Rivers in the Bible are sometimes symbolic. Maybe, also the ones of Psalm 93.

The rivers have surged, O Jehovah, The rivers have surged and roared; The rivers keep surging and pounding. (93:3)

They have surged. Repeat and add: they have surged and roared. Repeat as continuious action, and escalate to pounding: The rivers keep surging and pounding. 

Jehovah is above them all, triumphant, as though the rivers here are a disruptive thing:

Above the sound of many waters, Mightier than the breaking waves of the sea, Jehovah is majestic in the heights. (93:4) The opening two verses set up that scenario, too. 

The Research Guide doesn’t touch it.
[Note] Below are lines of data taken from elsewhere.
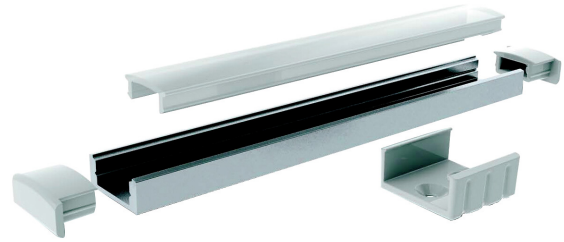

Profile 2m AL PCO 7

Slimline 7 is a clean-lined aluminium profile with a low structure for LED strips with a maximum width of 12 mm. Surface mounting on a ceiling, on a wall, or beneath worktops. Brackets and end pieces with or without a wire opening are available as accessories. An extension piece is also available for easier installation. Read more about the other Slimline products.

Profile 2m AL PCO 7

PRODUCT CODE	CODE	KG	PRODUCT FAMILY
4209005	L2ALAF	0.31	Slimline 7

Profile 2m AL PCO 7
EC002707

Mounting

Structure

Type of accessory/spare part	Profile
Accessory	Yes
Spare part	No

Dimming and control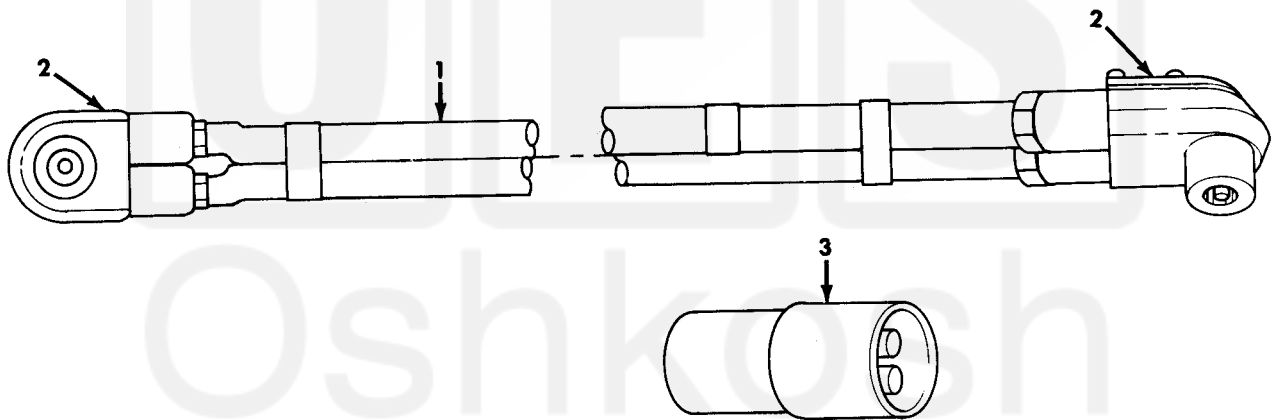

UNIT, DIRECT SUPPORT, AND GENERAL SUPPORT MAINTENANCE  
REPAIR PARTS AND SPECIAL TOOLS LIST  
TRUCK, 5-TON, 6X6, M809 SERIES TRUCKS (DIESEL)

Figure 483. Interverhicle Power Cable Kit.

(1) ITEM NO	(2) SMR CODE	(3) NSN	(4) CAGEC	(5) PART NUMBER	(6) DESCRIPTION AND USABLE ON CODE (UOC)	(7) QTY
GROUP 3307 SPECIAL PURPOSE KITS						
FIG. 483 INTERVEHICLE POWER CABLE KIT						
1	PAOZZ	6150-01-022-6004	19207	11682336-1	CABLE ASSEMBLY, POWE PART OF KIT P/N 10502786.....	1
2	PAOZZ	5935-00-567-0128	19207	11682338	CONNECTOR, PLUG, ELEC PART OF KIT P/N 10502786.....	2
3	PAOZZ	5935-00-322-8959	19207	11677570	ADAPTER, CONNECTOR PART OF KIT P/N 10502786.....	2
KIT	PAOZZ	2590-00-148-7961	56161	10502786	CABLE KIT, SPECIAL P.....	1
					ADAPTER, CONNECTOR ( 2) 483-3	
					CABLE ASSEMBLY, POWE ( 1) 483-1	
					CONNECTOR, PLUG, ELEC ( 2) 483-2	

END OF FIGURE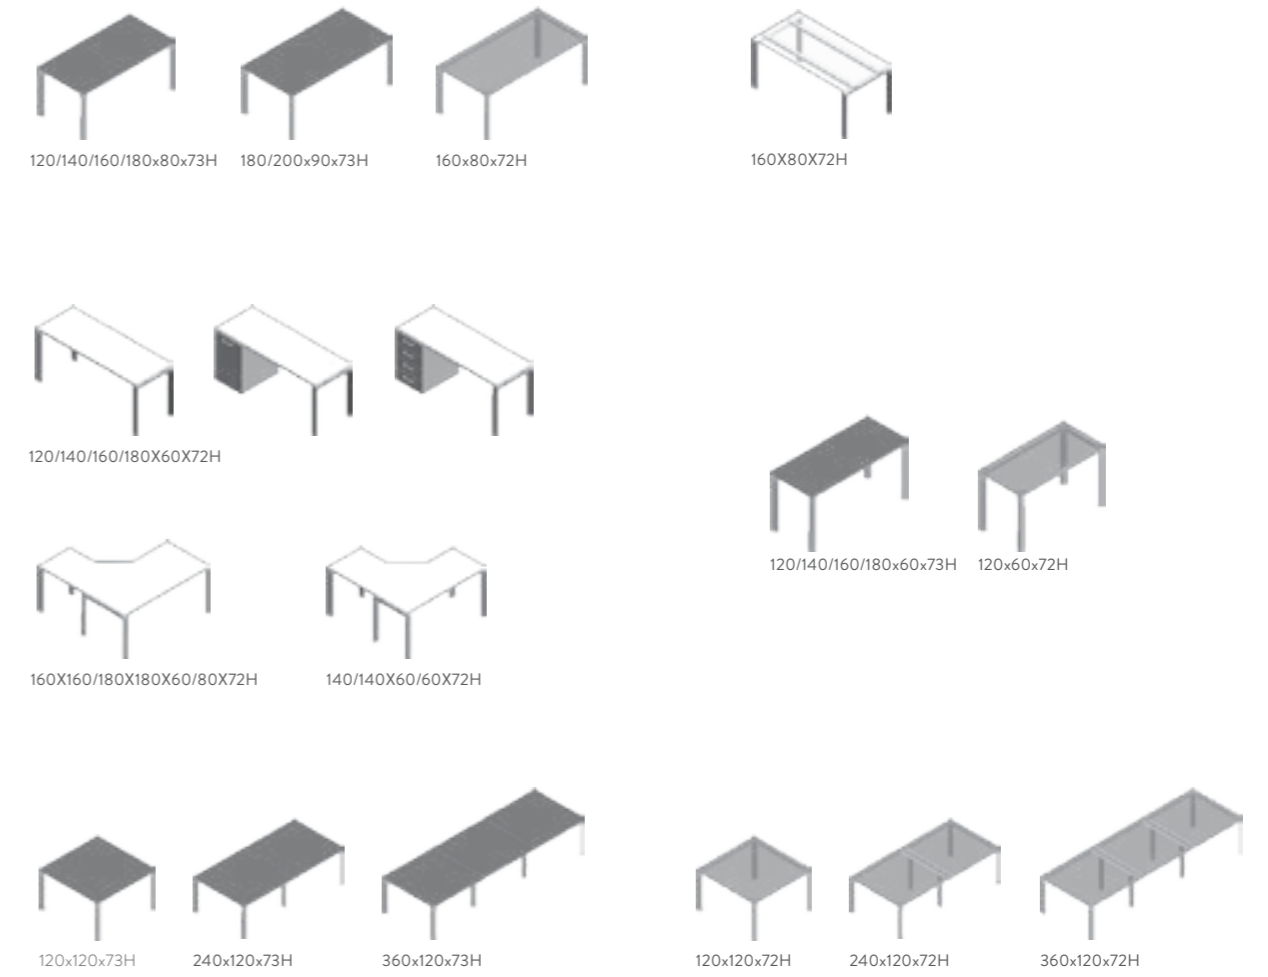

270x180x75h

100x100x75h

Ø108x75h

240x280x120x75h

LINEA STRATOS PLUS

120x200x90x75h

200x90x75h

120x140x100x75h
120x180x100x75h

80x100x100x75h

160x100x100x75h

140x100x100x75h

237x237x180x75h

237x180x75h

120x120x75h

240x280x120x75h

LINEA YOGA

LINEA STRATOS

LINEA DERBY

LINEA PLANO

LINEA FUNNY

Scrivania | Desks | Bureaux

Tavoli Riunioni | Meeting Tables | Tables de Réunion

LINEA BOLD

Scrivania BRIDGE | BRIDGE Desk | Bureau BRIDGE

The Insight Book does. Sometimes invading armies are “rivers.” Makes sense.

“Therefore look! Jehovah will bring against them The mighty and vast waters of the River, The king of As·syrʹi·a and all his glory. He will come up over all his streambeds And overflow all his banks.”  Isa 8:7

Isn’t that how Babylon fell, when the river literally concealed invading armies?

The comparison I like best is the Devil disgorging rivers of water and the earth swallows it up to save the woman:

“And the serpent spewed out water like a river from its mouth after the woman, to cause her to be drowned by the river. 16 But the earth came to the woman’s help, and the earth opened its mouth and swallowed up the river that the dragon spewed out from its mouth.”

So I told Duncan about it, but he didn’t call on me during the gems review. He knew I would just be blowing smoke. Besides, he thought of the river, clear as crystal, that flows from the throne 

Turn the page and rivers are clapping their hands. I’m not sure how rivers can do that:

Let the rivers clap their hands; Let the mountains shout joyfully together. (98:8)

At Isaiah 42:10, the rivers are like unmentionables:

”Sing to Jehovah a new song, His praise from the ends of the earth, You who go down to the sea and all that fills it, You islands and their inhabitants.” We all know what it is that fills the sea.
Much talk about a “new song” about this point in the Psalms, as though a new twist in God’s purpose unfolding. From 91 on, and especially 95, the people trusting in God emerge victorious, an outcome many earlier psalms appear in doubt over.
Meanwhile, and having nothing to do with anything except that the congregation is now in the book commenting on Acts:

It can’t have been easy for Paul, to be followed around for days by a crazy person hollering: “‘These men are slaves of the Most High God and are proclaiming to you the way of salvation.’” To illustrate that it would not be, I told a certain someone at the Hall that I would heretofore do it to him.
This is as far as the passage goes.